Yeah, true, but I doubt most of the "current" rooms are stored in A-RAM... just wouldn't really be feasible, considering the A-RAM's bandwidth.

Also some of the load times I noticed (shoot a door and wait 20-40 seconds for it to open!) could be further removed if the system could load all adjacent rooms into the 1T rather than the A-RAM.
 
I've got to agree with Laa-Yosh... Art assets (visual and aural) represent one of the most critical problems in development today. As game worlds get larger and more complex, *somebody* needs to create the content. Like ERP mentioned in another thread, people licensce engines quite often so they can start content creation right away.
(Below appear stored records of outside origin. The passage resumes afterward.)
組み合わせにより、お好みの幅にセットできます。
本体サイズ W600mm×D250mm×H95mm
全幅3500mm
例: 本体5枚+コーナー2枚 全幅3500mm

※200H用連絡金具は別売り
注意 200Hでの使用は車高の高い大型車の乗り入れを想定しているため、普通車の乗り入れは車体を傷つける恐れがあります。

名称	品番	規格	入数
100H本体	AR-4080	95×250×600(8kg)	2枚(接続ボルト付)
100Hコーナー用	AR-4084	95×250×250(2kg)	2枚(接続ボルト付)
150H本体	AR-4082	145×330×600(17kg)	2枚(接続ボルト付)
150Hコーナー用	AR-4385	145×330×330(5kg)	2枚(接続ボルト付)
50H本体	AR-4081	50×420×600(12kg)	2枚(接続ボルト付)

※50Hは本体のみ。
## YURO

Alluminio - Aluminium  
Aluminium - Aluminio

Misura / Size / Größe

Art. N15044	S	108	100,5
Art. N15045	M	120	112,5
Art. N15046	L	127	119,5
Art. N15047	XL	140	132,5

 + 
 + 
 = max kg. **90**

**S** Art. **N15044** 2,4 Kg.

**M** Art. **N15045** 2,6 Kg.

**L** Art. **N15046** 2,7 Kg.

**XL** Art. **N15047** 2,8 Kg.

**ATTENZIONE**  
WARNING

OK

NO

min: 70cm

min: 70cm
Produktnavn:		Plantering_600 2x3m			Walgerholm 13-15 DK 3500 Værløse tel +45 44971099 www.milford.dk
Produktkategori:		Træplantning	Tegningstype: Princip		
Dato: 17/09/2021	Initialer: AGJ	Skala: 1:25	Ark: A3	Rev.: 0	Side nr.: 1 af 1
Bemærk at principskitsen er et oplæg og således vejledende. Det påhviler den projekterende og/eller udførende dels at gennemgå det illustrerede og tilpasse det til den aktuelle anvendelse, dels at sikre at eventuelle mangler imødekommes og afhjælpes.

I've seen too many occasions were minor changes to the game cause massive reworkings of tons of art assets which just made delays longer (or those changes/fixes were never implimented to save on art time).

A large (one could say the bulk) portion of our studio was populated with content creators and the process of creating it was what pretty much consumed most of the development time...
 
Isn’t it right that the faster the machine, the less RAM you need to do the same job? I mean procedural generation of geometry, subdivision surfaces and procedural textures (3D or 2D), all only take up a small piece of the bandwidth and memory pie, vs. an explicit description which is needed on slower machines.
I’ve seen some amazing 64Kb demos that of course needed a powerful machine and a customised engine to run but were the actual graphics data only took up 64Kb!
I’m not saying, that future consoles wont need more memory than the current ones, its just a question if the budget wouldn’t be better spent on faster calculating power rather than on a whole gigabyte of memory?
Personally I think 500 Mb would be more than sufficient for anything on a television screen even a HDTV one.
 
Squeak said:
Isn’t it right that the faster the machine, the less RAM you need to do the same job? I mean procedural generation of geometry, subdivision surfaces and procedural textures (3D or 2D), all only take up a small piece of the bandwidth and memory pie, vs. an explicit description which is needed on slower machines.

There's a limit on just how far you can go with procedurals. Fractal textures tend to fit natural stuff quite well, so you can use such functions to model plants, generate displacement maps for water, rocks, and such things (see Bug's Life). You'd still need to use several levels of details, each with a different frequency - one simple Perlin noise would do you no good. So procedurals will need even more computing power than you'd expect... And that's why artist always have to make compromises. Procedurals require computing resources, image maps and geometry require memory and bandwith... you have to find a good balance.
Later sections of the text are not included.